How the transcript was made

The template was made by hand.  The initial design phases preceded any software solutions or the publication of the subsequent handbook of multimodal analysis texts in the years which followed so I was working more or less on my own on the design (but with the support of my supervisor Andrew Burn) through trial and error and adapting from Burn and Parker’s proposal and analysis of the “kineiconic” mode (2003).

Rationale for the deign

I made the transcript for use in my thesis to analyse student-authored digital video pieces, not for live action video. As such the idea was to look for evidence of design in the pieces produced by the children according to the theoretical frames in the thesis itself which were concerned with issues of habitus and learned ways of being in the setting.
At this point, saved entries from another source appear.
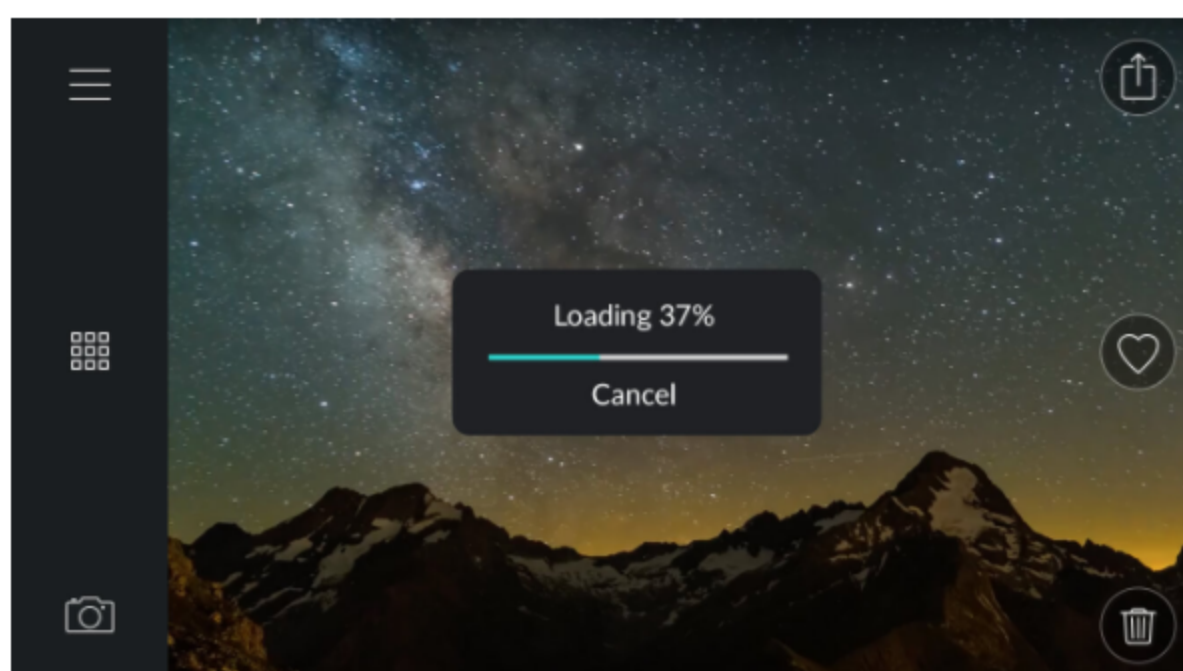

Recording videos

Home / Recording videos / Creating a time-lapse video (part 5)

Creating a time-lapse video

Recording videos

→ Viewing and sharing the video

If you opted to save and create a time-lapse video, you can watch and share it immediately. The time-lapse video is saved on the DxO ONE's microSD card in MJPEG format with a definition of 1920x1080 pixels. The size is deliberately limited to prevent storing too-large files and to make it easier to read and share files. Of course, the size of the video will depend on the duration and number of images in the time-lapse.

Viewing the video

To watch the video immediately after shooting, tap the Gallery thumbnail in the upper left part of the viewfinder screen, then start the video.

Note that the video has not been transferred to your smartphone. The video transfers temporarily each time you play it. To permanently transfer the video to your smartphone, tap the transfer icon on the right.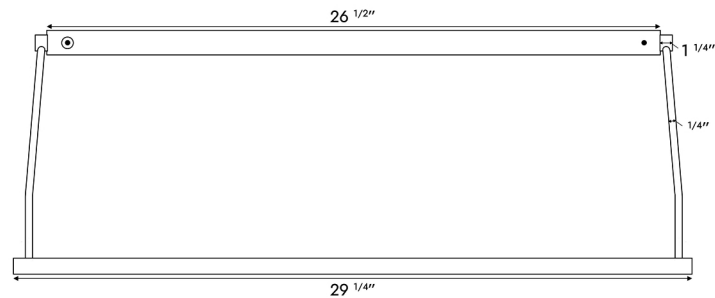

### Product Details

|                         |  |
|-------------------------|--|
| <b>Description</b>      | Slim Bar Wireless LED Art Light  |
| <b>Category</b>         | Rechargeable Picture Lighting  |
| <b>Material</b>         | Aluminum   |
| <b>Finish</b>           | Brushed   Anodized   Sandblasted   |
| <b>Dimming</b>          | Remote Control   Push Button   |
| <b>Power</b>            | Integrated Rechargeable Lithium Ion Battery  |
| <b>Shut-Off Timer</b>   | 3 hr   6 hr   9 hr   Push Button 5 hr  |
| <b>Rotation</b>         | 60° Pivot  |
| <b>Mounting Options</b> | Wall   Artwork   |
| <b>Accessories</b>      | Remote Control   Charger   |
| <b>Charge Time</b>      | 19": 7 hrs   29": 12 hrs   |
| <b>Runtimes</b>         | <b>19"S:</b> 20% - 108 hrs   60% - 37 hrs   100% - 22 hrs<br><b>29"S:</b> 20% - 108 hrs   60% - 37 hrs   100% - 22 hrs<br><b>19"T:</b> 20% - 76 hrs   60% - 28 hrs   100% - 17 hrs<br><b>29"T:</b> 20% - 76 hrs   60% - 28 hrs   100% - 17 hrs |

### Dimensions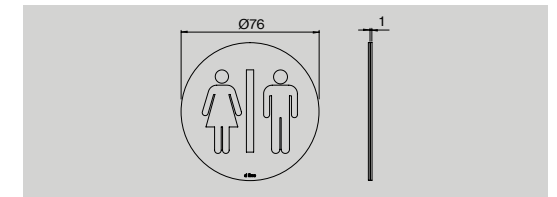

Round pictogram

Item no.:	Description:	Unit:
14379702358	Unisex, stainless steel, Ø76 mm	1 pcs
14379702354	Female, stainless steel, Ø76 mm	1 pcs
14379702350	Male, stainless steel, Ø76 mm	1 pcs
14379702370	Disabled, stainless steel, Ø76 mm	1 pcs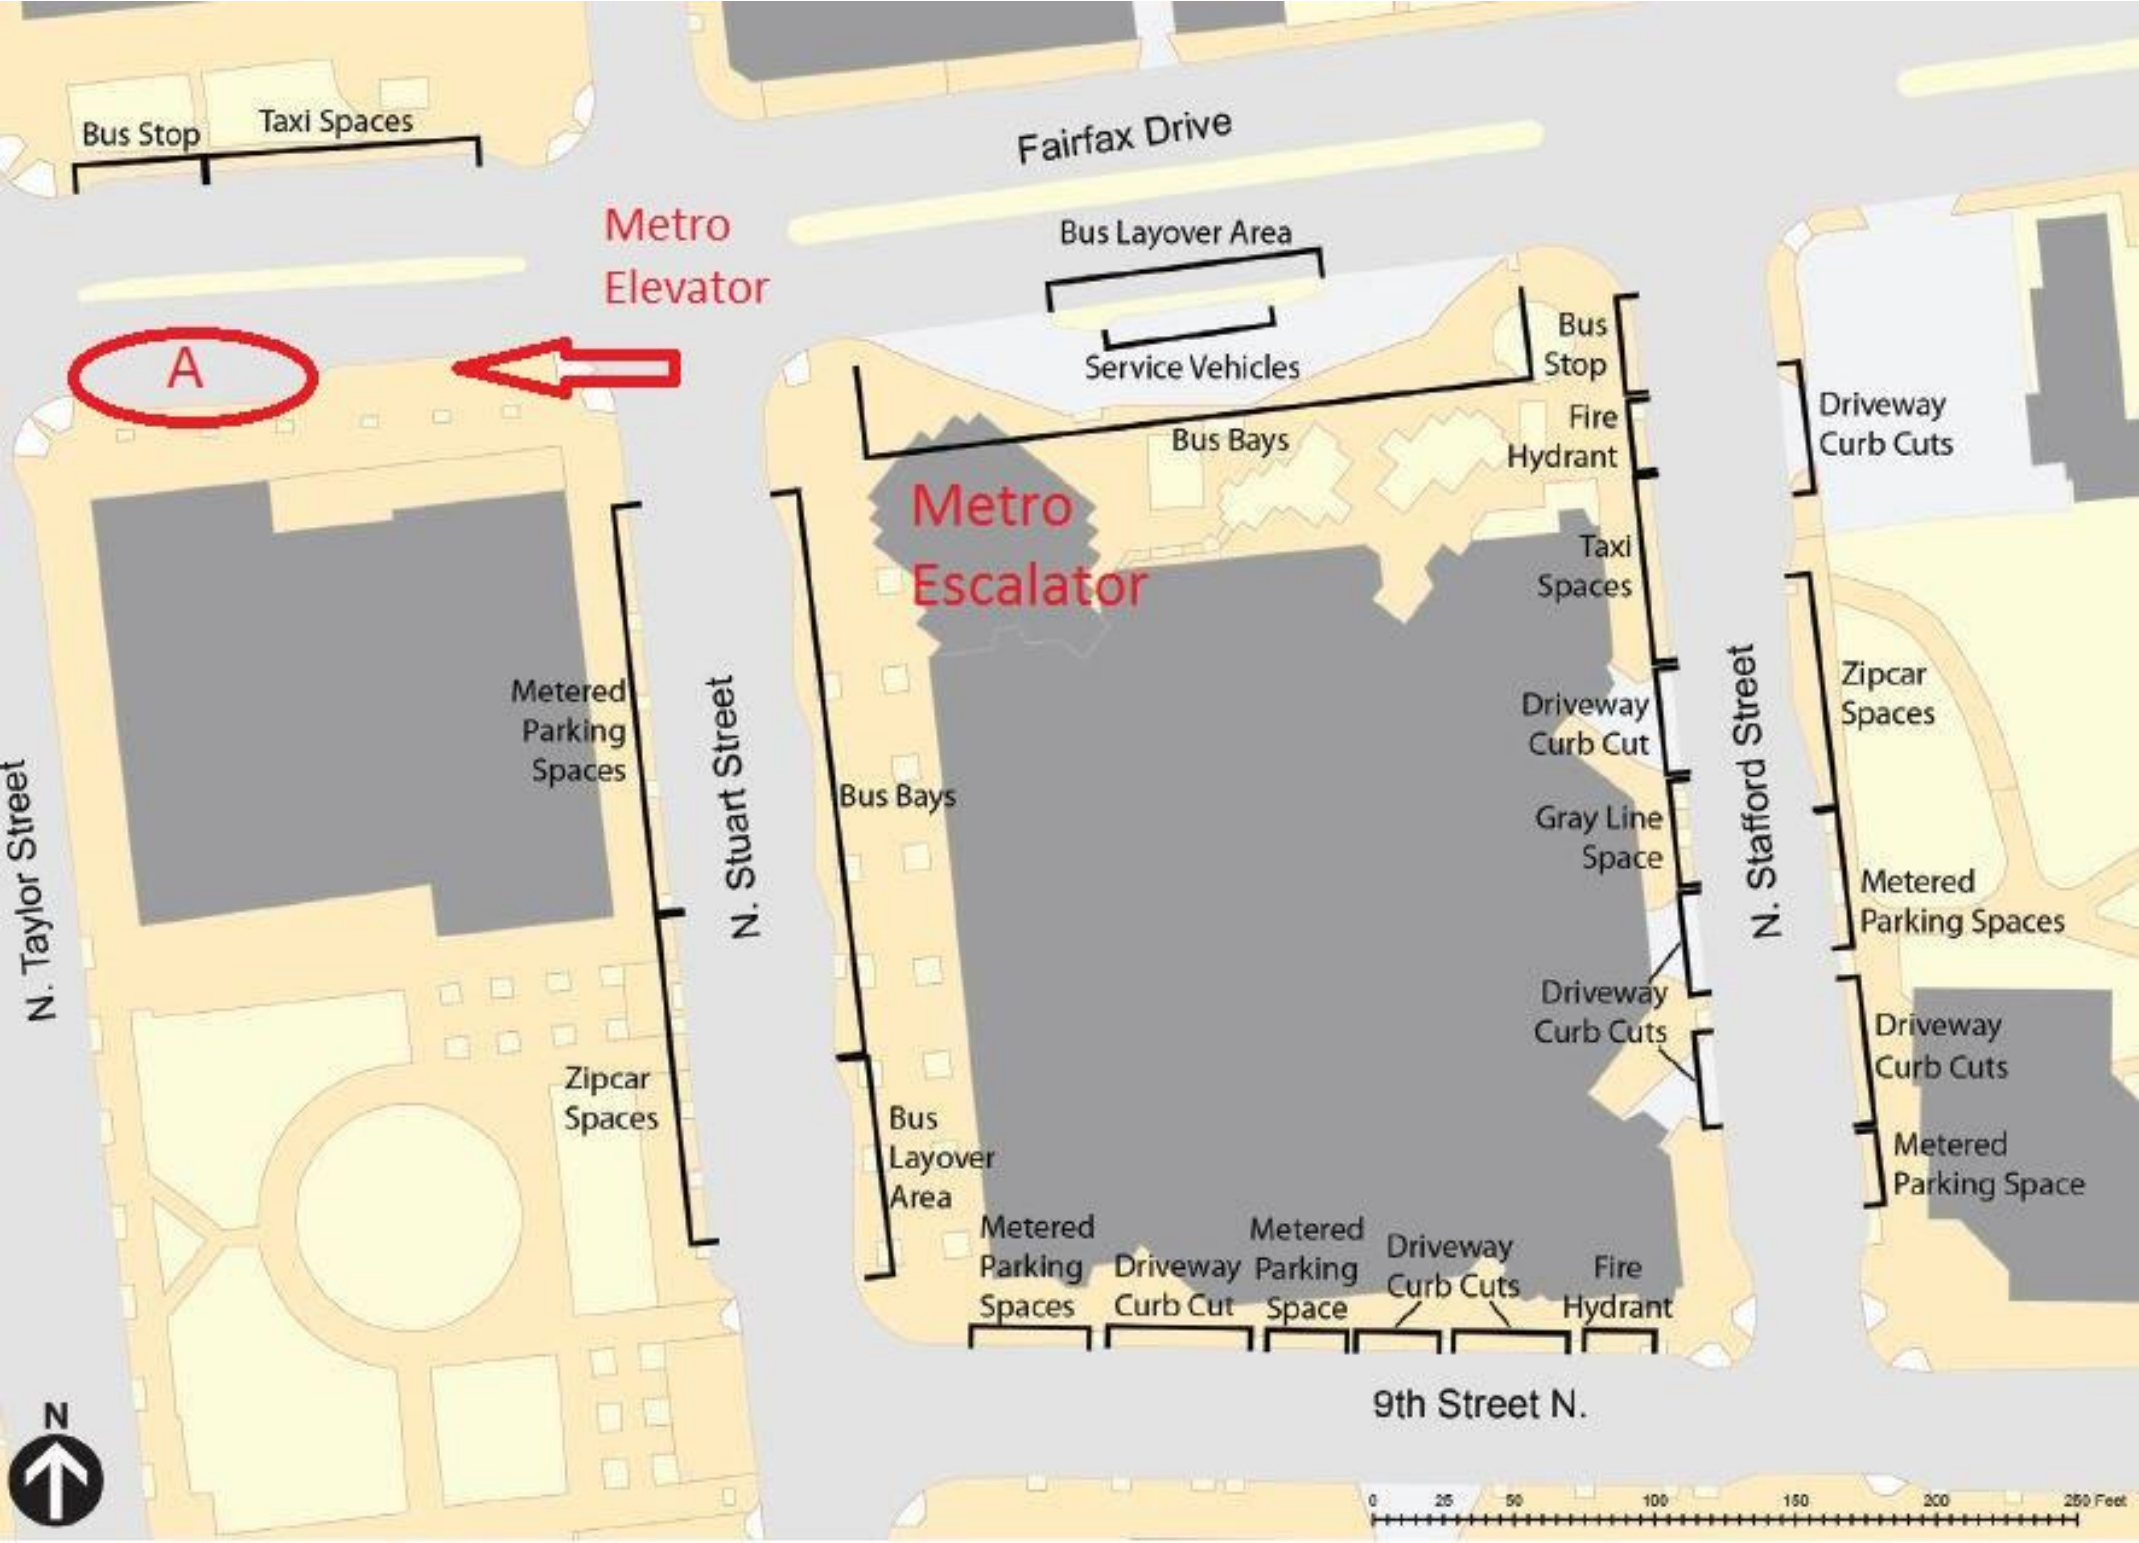

### DAILY PICK-UP SCHEDULE

BALLSTON STATION METRO	5275 LEESBURG PIKE (7 SKYLINE PLACE)	5113 LEESBURG PIKE (4 SKYLINE PLACE)
<i>Initial Pick-Up:</i> 6:00 am	6:20 am	6:25 am
6:15 am	6:35 am	6:40 am
6:30 am	6:50 am	6:55 am
6:45 am	7:05 am	7:10 am
7:00 am	7:20 am	7:25 am
7:15 am	7:35 am	7:40 am
7:30 am	7:50 am	7:55 am
7:45 am	8:05 am	8:10 am
8:00 am	8:20 am	8:25 am
8:15 am	8:35 am	8:40 am
8:30 am	8:50 am	8:55 am
8:45 am	9:05 am	9:10 am
9:00 am	9:20 am	9:25 am
9:30 am	9:50 am	9:55 am
10:00 am	10:20 am	10:25 am
10:30 am	10:50 am	10:55 am
11:00 am	11:20 am	11:25 am
11:30 am	11:50 am	11:55 am
12:00 pm	12:20 pm	12:25 pm
12:30 pm	12:50 pm	12:55 pm
1:00 pm	1:20 pm	1:25 pm
1:30 pm	1:50 pm	1:55 pm
2:00 pm	2:20 pm	2:25 pm
2:30 pm	2:50 pm	2:55 pm
3:00 pm	3:20 pm	3:25 pm
3:30 pm	3:50 pm	3:55 pm
3:45 pm	4:05 pm	4:10 pm
4:00 pm	4:20 pm	4:25 pm
4:15 pm	4:35 pm	4:40 pm
4:30 pm	4:50 pm	4:55 pm
4:45 pm	5:05 pm	5:10 pm
5:00 pm	5:20 pm	5:25 pm
5:15 pm	5:35 pm	5:40 pm
5:30 pm	5:50 pm	5:55 pm
5:45 pm	6:05 pm	6:10 pm
6:00 pm	6:20 pm	6:25 pm
6:15 pm <b>Drop Only</b>		
6:30 pm <b>Drop Only</b>		
6:45 pm <b>Drop Only</b>		

# SKYLINE SHUTTLE BUS RIDERS

Beginning Monday, July 13, all Skyline Shuttle Buses will pick up and drop off at the “A” Shuttle Bus Bay located on Fairfax Drive.

**Bay A: Skyline Shuttle Stop**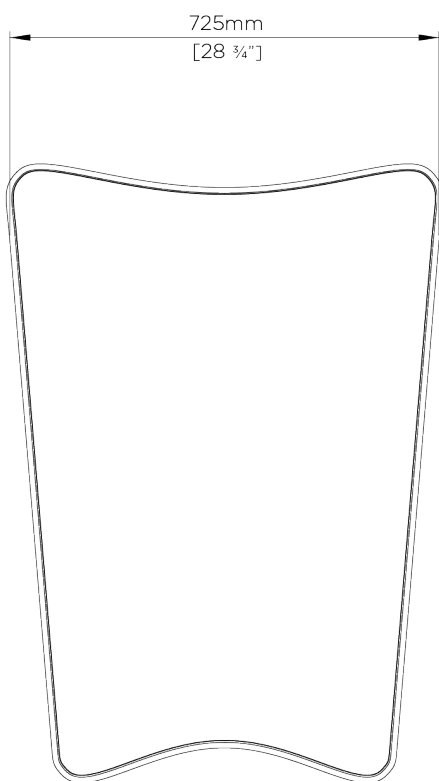

PORTA ROMANA

Gertrude Mirror Small

WM47S | New Gold

New Gold with Mirror Glass

HEIGHT
1025mm | 40 1/2"

CONSTRUCTED FROM
Forged steel with decorative finish

WIDTH
725mm | 28 3/4"

WEIGHT
18.5 kg | 40.7 lbs

DEPTH
16mm | 3/4"

FINISHES
1 New Gold

Gertrude Mirror Small

WM47S

HEIGHT
1025mm | 40 1/2"

WIDTH
725mm | 28 3/4"

DEPTH
16mm | 3/4"

FRONT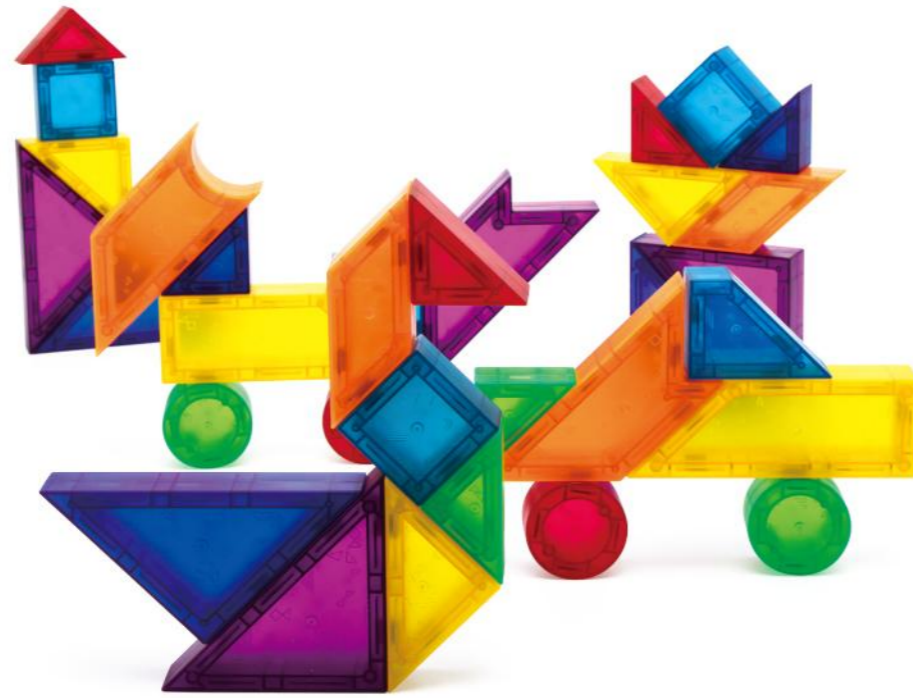

Magnetic Cube

KBQB-68

Product Size: 30.2x22x3.8cm
Qty/Ctn: 36Sets/Ctn
Material: MABS+Magnet
Certification: ASTM/CPSIA/CPC/
EN71/CE/UKCA/CCC

3+ 68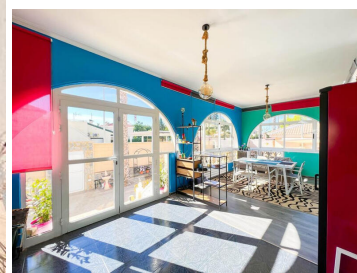

## 4 soveværelse Villa til salg i Ciudad Quesada, Alicante

698.000€

This property, located in Rojales - Ciudad Quesada, Urb. Doña Pepa, offers a prestigious and secure living environment. With 298 square meters built on a 961 square meter plot, the house is divided into two floors and faces south, offering stunning views of the lake from the upstairs roof terrace. Featuring 3 bedrooms, 3 bathrooms, kitchen-dining room, living room, storage room, wood-burning fireplace, heating, air conditioning, water purification system, large winter terrace, spacious solarium terrace, alarm, video surveillance, furnished with all necessary appliances, internet, and satellite TV.

Additionally, there is a separate two-room apartment with a bathroom in the basement, boasting a private entrance. The property's expansive garden includes fruit trees, drip irrigation, a large swimming pool (5 x 10 m), a summer gazebo with barbecue area, a separate pool house with a wood-fired sauna and relaxation room, and parking. Surrounding the property is a high stone fence for added privacy and security.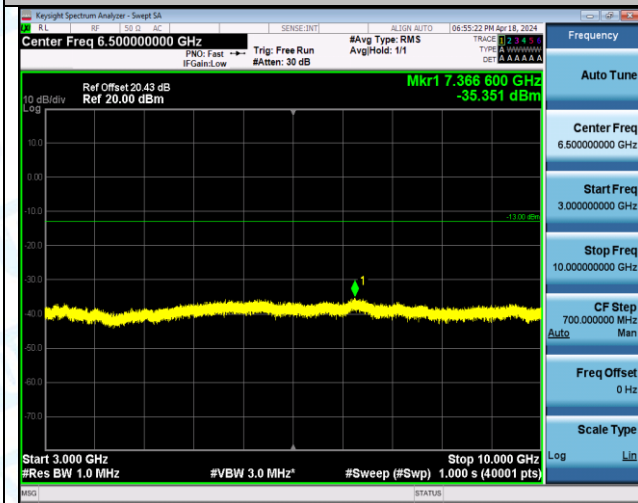

Band5\_10MHz\_QPSK\_20600\_50RB#0\_30~1000\_30~1000

Band5\_10MHz\_QPSK\_20600\_50RB#0\_1000~3000\_1000~3000

Band5\_10MHz\_QPSK\_20600\_50RB#0\_3000~10000\_3000~10000

Band5\_10MHz\_16QAM\_20450\_1RB#0\_0.009~0.15\_0.009~0.15

Because I was looking at evidence of cultural affiliation as well as the transient and anchored aspects of identity (cf Merchant, 2005) I added elements which allowed me to explore the affective and aesthetic elements in the video pieces (Leander and Kim, 2006).  As I wrote at the time:  “I decided to use a hybrid frame which allowed for the analysis of all the distinctive multimodal elements through time, scene by scene, in each of the video texts made by the children but which also allowed for some commentary on the social, aesthetic and affective aspects of each element in the video.”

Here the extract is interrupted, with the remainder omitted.